What the exercise asks:
Take from the records below each line that holds "sided".

Records for the exercise:
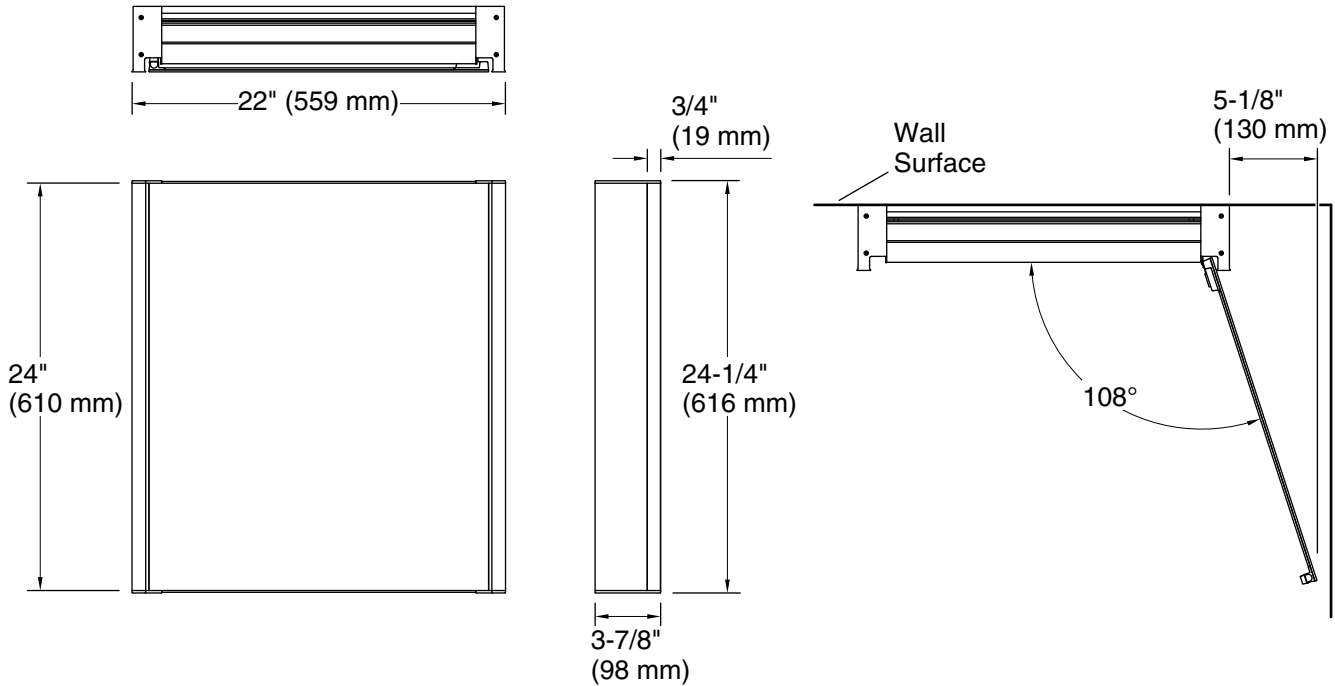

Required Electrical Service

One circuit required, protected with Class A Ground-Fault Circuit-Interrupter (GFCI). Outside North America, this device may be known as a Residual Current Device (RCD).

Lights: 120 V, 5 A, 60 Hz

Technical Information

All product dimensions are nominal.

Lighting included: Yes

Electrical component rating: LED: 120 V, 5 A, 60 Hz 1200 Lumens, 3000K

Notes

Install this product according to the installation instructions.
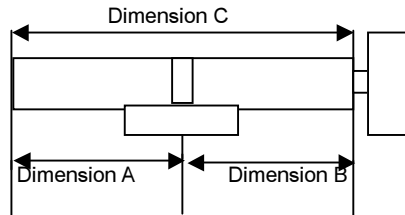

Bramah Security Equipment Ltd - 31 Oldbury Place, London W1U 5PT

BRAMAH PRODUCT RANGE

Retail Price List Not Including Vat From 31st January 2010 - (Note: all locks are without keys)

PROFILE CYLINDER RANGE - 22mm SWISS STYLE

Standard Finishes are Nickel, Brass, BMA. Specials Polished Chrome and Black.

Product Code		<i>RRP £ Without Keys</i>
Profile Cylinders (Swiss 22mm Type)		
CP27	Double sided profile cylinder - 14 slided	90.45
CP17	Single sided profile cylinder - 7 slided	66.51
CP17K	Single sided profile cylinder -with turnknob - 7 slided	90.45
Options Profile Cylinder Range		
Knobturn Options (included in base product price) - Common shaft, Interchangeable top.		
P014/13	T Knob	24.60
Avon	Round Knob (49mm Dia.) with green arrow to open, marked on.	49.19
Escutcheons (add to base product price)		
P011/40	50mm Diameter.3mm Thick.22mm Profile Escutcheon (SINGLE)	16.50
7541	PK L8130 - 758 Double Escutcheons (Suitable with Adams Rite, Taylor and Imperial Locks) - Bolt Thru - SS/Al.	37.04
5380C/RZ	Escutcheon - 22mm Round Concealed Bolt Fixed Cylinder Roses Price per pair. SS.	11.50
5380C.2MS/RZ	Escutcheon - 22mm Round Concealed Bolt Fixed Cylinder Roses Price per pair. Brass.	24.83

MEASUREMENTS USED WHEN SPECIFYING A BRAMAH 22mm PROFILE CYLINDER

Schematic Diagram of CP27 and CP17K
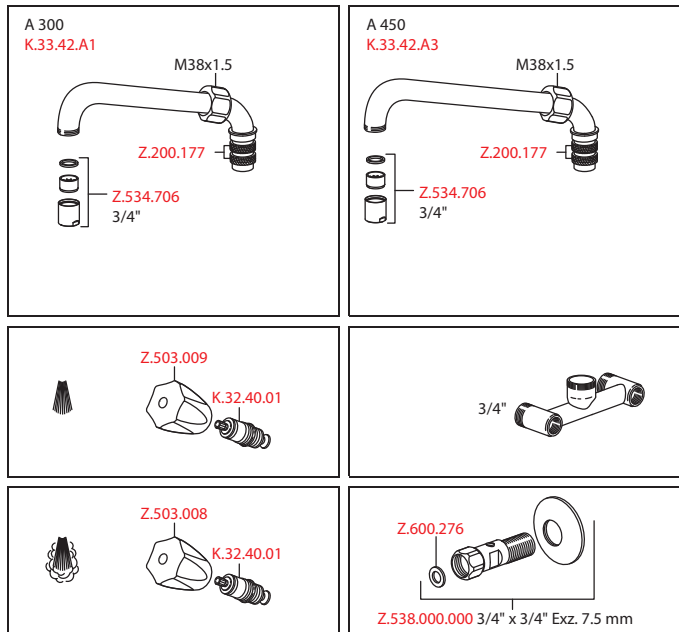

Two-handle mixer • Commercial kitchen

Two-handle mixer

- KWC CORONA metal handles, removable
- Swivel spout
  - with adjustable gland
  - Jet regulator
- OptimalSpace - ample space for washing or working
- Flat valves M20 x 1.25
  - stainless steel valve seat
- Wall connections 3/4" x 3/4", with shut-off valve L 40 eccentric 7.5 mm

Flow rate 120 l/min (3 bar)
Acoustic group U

Written response:
CP27	Double sided profile cylinder - 14 slided	90.45
CP17	Single sided profile cylinder - 7 slided	66.51
CP17K	Single sided profile cylinder -with turnknob - 7 slided	90.45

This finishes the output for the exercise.